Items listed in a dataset
*** Begin section ***

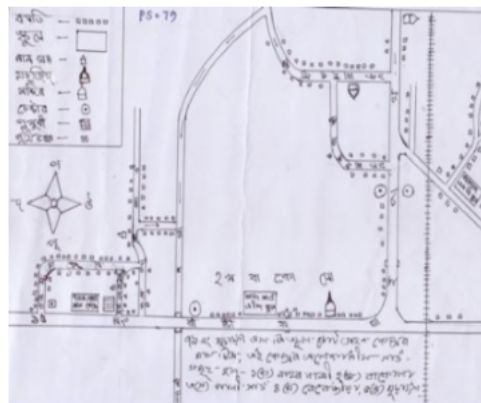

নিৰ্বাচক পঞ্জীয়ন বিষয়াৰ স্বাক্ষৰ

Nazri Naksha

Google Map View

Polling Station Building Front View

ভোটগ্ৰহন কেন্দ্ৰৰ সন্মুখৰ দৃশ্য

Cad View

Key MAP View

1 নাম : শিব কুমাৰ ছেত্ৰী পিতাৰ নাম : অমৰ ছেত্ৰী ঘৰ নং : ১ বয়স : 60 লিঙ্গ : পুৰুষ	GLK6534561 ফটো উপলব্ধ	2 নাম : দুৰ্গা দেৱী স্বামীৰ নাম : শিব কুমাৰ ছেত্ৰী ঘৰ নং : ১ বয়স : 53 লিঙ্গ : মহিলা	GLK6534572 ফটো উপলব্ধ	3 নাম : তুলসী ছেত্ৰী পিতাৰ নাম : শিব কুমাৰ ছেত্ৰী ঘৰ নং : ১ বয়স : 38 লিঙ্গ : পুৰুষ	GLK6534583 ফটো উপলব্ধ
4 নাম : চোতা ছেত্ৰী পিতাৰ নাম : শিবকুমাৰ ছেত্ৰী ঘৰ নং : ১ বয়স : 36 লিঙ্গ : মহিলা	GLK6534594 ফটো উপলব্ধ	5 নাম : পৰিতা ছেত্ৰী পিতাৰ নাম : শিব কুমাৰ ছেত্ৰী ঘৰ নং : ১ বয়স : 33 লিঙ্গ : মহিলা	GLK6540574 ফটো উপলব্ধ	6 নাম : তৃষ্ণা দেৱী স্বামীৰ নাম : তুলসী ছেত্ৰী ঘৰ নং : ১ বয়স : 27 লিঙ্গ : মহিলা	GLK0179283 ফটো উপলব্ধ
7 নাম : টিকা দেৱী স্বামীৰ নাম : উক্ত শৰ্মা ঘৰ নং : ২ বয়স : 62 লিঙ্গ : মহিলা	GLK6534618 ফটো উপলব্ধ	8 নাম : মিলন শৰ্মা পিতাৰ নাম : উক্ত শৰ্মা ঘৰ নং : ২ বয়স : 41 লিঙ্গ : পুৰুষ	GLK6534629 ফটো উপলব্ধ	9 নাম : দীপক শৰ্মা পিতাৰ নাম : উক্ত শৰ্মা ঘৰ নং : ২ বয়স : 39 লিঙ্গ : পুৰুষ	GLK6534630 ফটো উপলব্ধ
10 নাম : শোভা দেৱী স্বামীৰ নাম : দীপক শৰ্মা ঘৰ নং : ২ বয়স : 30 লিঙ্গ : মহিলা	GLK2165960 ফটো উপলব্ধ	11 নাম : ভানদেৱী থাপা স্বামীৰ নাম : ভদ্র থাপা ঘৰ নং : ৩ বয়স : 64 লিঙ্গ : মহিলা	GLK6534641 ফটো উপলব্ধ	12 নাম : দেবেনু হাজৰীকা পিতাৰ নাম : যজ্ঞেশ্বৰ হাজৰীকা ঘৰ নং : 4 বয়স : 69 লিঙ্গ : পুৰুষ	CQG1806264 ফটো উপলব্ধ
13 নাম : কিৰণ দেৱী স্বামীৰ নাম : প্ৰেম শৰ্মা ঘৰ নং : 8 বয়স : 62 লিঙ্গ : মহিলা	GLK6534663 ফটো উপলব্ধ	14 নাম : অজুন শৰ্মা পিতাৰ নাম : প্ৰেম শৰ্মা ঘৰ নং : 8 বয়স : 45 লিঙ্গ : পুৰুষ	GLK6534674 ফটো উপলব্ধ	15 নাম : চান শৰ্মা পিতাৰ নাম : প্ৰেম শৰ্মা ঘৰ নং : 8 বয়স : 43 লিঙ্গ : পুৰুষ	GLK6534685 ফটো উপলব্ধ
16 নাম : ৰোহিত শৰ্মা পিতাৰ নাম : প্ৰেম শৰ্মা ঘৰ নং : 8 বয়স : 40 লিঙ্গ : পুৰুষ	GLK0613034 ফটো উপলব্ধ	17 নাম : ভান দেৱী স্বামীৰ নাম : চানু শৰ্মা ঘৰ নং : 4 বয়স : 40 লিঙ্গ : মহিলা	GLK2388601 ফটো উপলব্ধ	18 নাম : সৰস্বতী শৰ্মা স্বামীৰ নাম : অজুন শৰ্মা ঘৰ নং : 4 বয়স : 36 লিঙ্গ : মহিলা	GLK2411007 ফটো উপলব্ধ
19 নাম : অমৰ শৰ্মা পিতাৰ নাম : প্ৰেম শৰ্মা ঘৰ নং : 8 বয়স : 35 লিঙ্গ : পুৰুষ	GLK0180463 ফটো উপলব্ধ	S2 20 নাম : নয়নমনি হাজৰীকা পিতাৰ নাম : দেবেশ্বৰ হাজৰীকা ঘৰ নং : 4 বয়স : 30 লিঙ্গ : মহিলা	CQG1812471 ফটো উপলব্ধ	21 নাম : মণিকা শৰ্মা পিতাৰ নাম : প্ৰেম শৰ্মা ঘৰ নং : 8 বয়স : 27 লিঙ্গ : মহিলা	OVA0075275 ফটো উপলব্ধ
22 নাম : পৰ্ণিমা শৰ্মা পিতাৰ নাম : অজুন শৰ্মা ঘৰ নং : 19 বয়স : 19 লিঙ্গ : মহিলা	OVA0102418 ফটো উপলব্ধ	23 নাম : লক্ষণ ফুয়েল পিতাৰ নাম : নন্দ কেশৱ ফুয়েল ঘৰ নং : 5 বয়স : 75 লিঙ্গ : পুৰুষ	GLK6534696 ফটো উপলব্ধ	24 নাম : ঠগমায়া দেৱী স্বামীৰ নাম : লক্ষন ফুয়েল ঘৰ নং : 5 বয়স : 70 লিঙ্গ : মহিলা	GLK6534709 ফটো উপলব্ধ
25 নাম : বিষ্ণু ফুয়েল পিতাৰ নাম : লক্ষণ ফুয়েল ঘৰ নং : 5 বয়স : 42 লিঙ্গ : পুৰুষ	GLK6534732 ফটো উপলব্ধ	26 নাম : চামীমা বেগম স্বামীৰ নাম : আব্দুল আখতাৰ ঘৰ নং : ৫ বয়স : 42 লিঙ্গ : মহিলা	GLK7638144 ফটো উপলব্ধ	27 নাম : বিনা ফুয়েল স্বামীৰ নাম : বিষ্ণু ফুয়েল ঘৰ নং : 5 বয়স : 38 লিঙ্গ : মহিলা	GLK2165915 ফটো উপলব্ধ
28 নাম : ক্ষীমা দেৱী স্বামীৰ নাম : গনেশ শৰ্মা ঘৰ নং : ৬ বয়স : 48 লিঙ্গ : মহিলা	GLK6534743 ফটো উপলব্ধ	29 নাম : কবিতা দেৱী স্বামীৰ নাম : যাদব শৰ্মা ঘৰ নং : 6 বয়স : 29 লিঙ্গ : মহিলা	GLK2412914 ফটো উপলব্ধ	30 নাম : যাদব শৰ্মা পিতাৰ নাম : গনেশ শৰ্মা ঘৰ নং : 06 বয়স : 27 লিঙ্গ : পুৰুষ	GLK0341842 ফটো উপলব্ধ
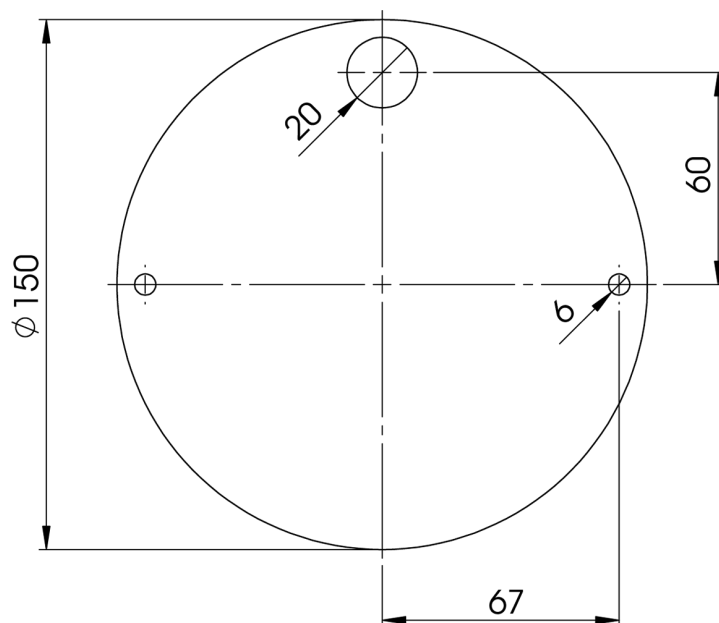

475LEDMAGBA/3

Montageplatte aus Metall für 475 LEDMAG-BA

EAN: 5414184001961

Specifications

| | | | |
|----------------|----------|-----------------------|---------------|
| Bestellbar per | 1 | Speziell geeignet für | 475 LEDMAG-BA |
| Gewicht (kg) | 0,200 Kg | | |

*** End section ***

▸ **What this task involves**: Would you print, exactly as they appear, the lines from the line with "22 নাম : পৰ্ণিমা" through the end of the entries above, leaving out the pictures?

▸ **Written response**:
22 নাম : পৰ্ণিমা শৰ্মা পিতাৰ নাম : অজুন শৰ্মা ঘৰ নং : 19 বয়স : 19 লিঙ্গ : মহিলা	OVA0102418 ফটো উপলব্ধ	23 নাম : লক্ষণ ফুয়েল পিতাৰ নাম : নন্দ কেশৱ ফুয়েল ঘৰ নং : 5 বয়স : 75 লিঙ্গ : পুৰুষ	GLK6534696 ফটো উপলব্ধ	24 নাম : ঠগমায়া দেৱী স্বামীৰ নাম : লক্ষন ফুয়েল ঘৰ নং : 5 বয়স : 70 লিঙ্গ : মহিলা	GLK6534709 ফটো উপলব্ধ
25 নাম : বিষ্ণু ফুয়েল পিতাৰ নাম : লক্ষণ ফুয়েল ঘৰ নং : 5 বয়স : 42 লিঙ্গ : পুৰুষ	GLK6534732 ফটো উপলব্ধ	26 নাম : চামীমা বেগম স্বামীৰ নাম : আব্দুল আখতাৰ ঘৰ নং : ৫ বয়স : 42 লিঙ্গ : মহিলা	GLK7638144 ফটো উপলব্ধ	27 নাম : বিনা ফুয়েল স্বামীৰ নাম : বিষ্ণু ফুয়েল ঘৰ নং : 5 বয়স : 38 লিঙ্গ : মহিলা	GLK2165915 ফটো উপলব্ধ
28 নাম : ক্ষীমা দেৱী স্বামীৰ নাম : গনেশ শৰ্মা ঘৰ নং : ৬ বয়স : 48 লিঙ্গ : মহিলা	GLK6534743 ফটো উপলব্ধ	29 নাম : কবিতা দেৱী স্বামীৰ নাম : যাদব শৰ্মা ঘৰ নং : 6 বয়স : 29 লিঙ্গ : মহিলা	GLK2412914 ফটো উপলব্ধ	30 নাম : যাদব শৰ্মা পিতাৰ নাম : গনেশ শৰ্মা ঘৰ নং : 06 বয়স : 27 লিঙ্গ : পুৰুষ	GLK0341842 ফটো উপলব্ধ

475LEDMAGBA/3

Montageplatte aus Metall für 475 LEDMAG-BA

EAN: 5414184001961

Specifications

| | | | |
|----------------|----------|-----------------------|---------------|
| Bestellbar per | 1 | Speziell geeignet für | 475 LEDMAG-BA |
| Gewicht (kg) | 0,200 Kg | | |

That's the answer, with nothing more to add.